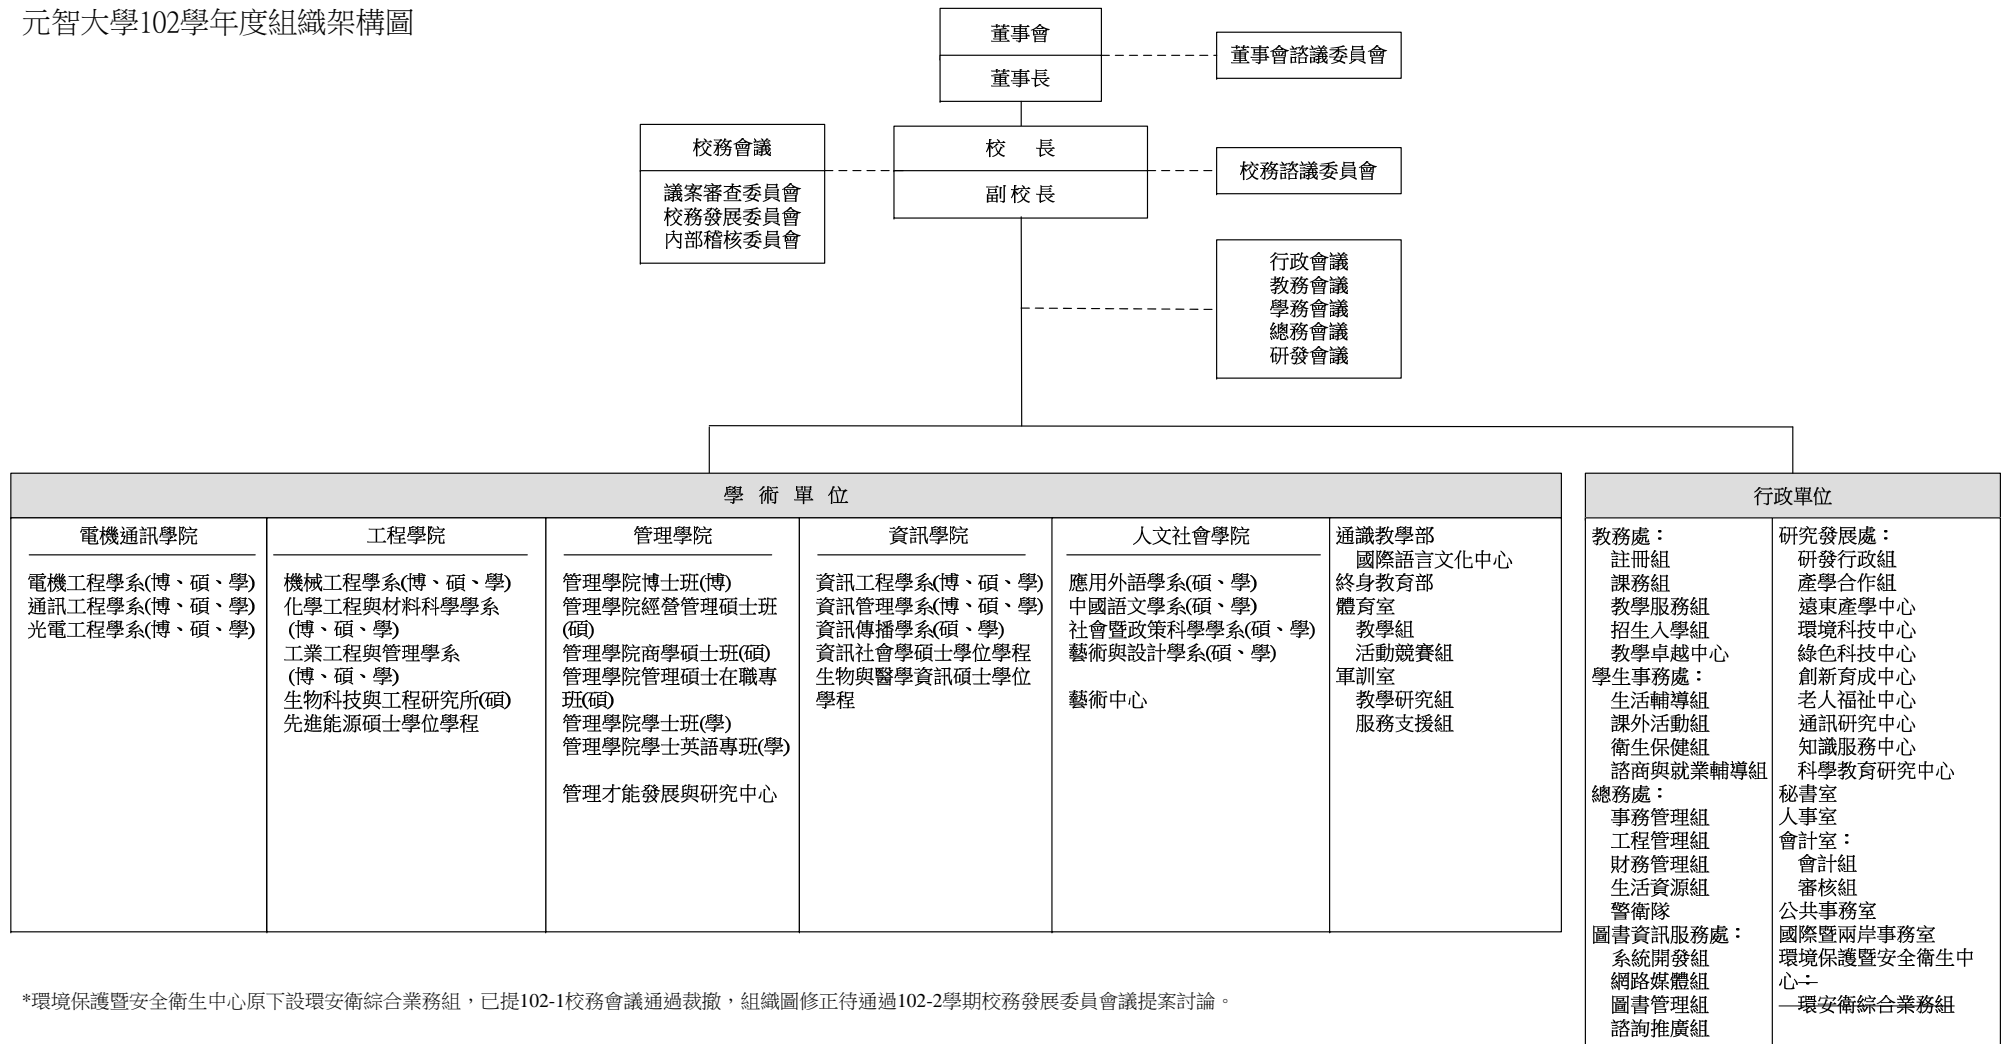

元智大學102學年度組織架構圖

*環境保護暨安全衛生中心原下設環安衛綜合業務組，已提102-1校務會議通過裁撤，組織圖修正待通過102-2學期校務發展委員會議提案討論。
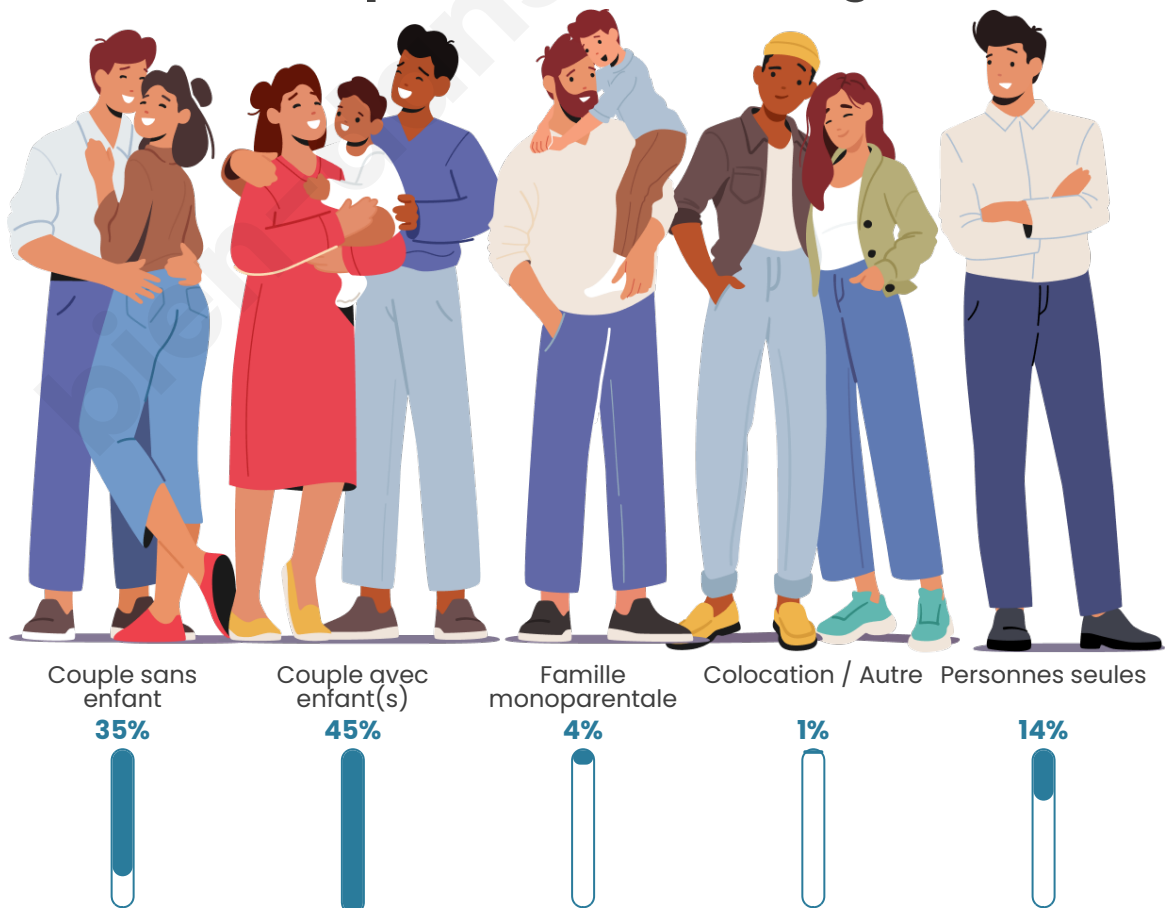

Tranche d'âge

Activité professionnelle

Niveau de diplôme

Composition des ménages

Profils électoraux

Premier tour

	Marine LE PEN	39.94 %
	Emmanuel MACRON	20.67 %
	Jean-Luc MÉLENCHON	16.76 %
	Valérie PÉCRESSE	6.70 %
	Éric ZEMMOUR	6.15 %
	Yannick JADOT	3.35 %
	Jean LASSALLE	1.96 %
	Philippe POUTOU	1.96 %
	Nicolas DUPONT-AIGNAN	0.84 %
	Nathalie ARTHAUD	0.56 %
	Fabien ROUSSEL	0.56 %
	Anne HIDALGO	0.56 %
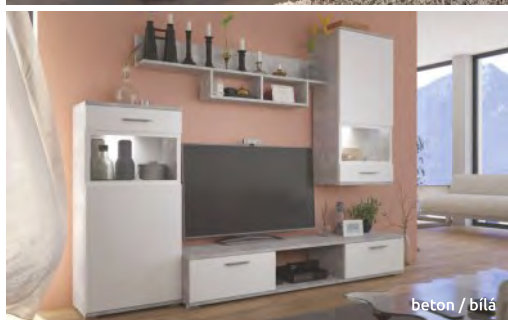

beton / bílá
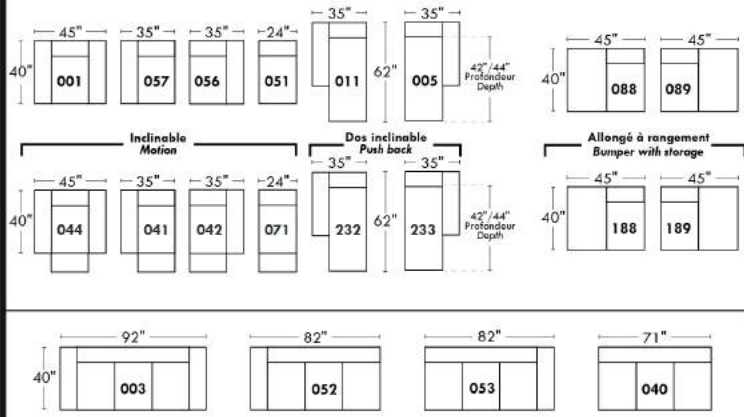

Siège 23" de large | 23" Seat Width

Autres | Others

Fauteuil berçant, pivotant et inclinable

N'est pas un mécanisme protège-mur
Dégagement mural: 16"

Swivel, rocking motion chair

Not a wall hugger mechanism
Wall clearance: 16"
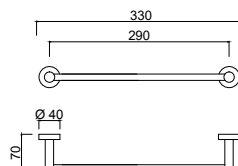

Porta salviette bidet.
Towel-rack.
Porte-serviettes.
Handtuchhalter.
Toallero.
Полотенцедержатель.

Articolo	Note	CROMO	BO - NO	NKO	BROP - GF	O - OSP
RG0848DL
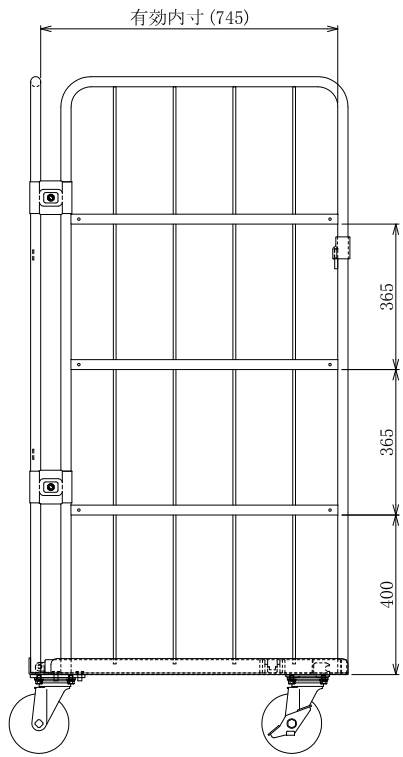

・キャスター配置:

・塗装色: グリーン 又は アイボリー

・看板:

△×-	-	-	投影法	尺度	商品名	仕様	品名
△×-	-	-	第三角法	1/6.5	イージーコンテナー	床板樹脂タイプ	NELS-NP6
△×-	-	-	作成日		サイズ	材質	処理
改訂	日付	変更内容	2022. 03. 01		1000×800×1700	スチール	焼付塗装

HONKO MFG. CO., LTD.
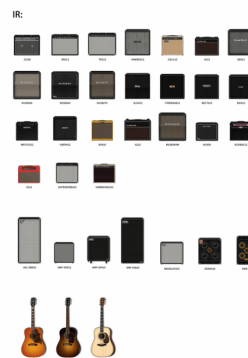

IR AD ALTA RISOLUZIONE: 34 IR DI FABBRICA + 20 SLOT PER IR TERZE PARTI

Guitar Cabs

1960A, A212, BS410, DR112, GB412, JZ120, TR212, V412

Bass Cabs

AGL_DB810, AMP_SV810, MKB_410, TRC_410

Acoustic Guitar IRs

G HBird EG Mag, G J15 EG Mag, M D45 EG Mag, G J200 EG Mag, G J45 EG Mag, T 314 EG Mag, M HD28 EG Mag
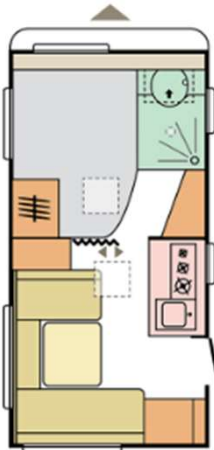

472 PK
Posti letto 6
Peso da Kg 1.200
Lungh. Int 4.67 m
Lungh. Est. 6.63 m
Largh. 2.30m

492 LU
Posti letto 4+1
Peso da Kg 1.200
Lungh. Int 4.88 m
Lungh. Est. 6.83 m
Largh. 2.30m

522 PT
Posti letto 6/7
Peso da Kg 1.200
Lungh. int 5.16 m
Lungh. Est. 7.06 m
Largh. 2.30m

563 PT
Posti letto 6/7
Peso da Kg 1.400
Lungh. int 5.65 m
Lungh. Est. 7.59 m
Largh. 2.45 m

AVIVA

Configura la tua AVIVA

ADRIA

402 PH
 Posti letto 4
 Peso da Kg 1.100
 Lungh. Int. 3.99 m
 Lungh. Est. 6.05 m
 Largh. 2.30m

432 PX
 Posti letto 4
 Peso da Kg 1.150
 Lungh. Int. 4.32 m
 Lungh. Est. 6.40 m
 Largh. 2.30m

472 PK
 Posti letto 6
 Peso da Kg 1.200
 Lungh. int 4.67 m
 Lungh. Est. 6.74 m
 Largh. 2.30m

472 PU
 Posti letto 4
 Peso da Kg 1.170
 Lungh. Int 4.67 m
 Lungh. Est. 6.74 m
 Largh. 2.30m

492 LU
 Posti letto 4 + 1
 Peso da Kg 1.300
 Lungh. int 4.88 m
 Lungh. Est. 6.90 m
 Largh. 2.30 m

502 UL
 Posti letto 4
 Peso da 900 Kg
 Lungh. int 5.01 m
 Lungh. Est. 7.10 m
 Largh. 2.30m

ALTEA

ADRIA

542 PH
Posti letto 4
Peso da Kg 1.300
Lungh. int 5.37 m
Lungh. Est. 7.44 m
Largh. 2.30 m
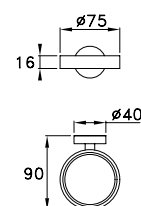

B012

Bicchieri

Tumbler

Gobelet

» **TASK REQUIREMENTS**
Show each line in the data where the string "Peso" appears.

» **THE COMPLETED TASK**
Peso da Kg 1.200
Peso da Kg 1.200
Peso da Kg 1.200
Peso da Kg 1.400
 Peso da Kg 1.100
 Peso da Kg 1.150
 Peso da Kg 1.200
 Peso da Kg 1.170
 Peso da Kg 1.300
 Peso da 900 Kg
Peso da Kg 1.300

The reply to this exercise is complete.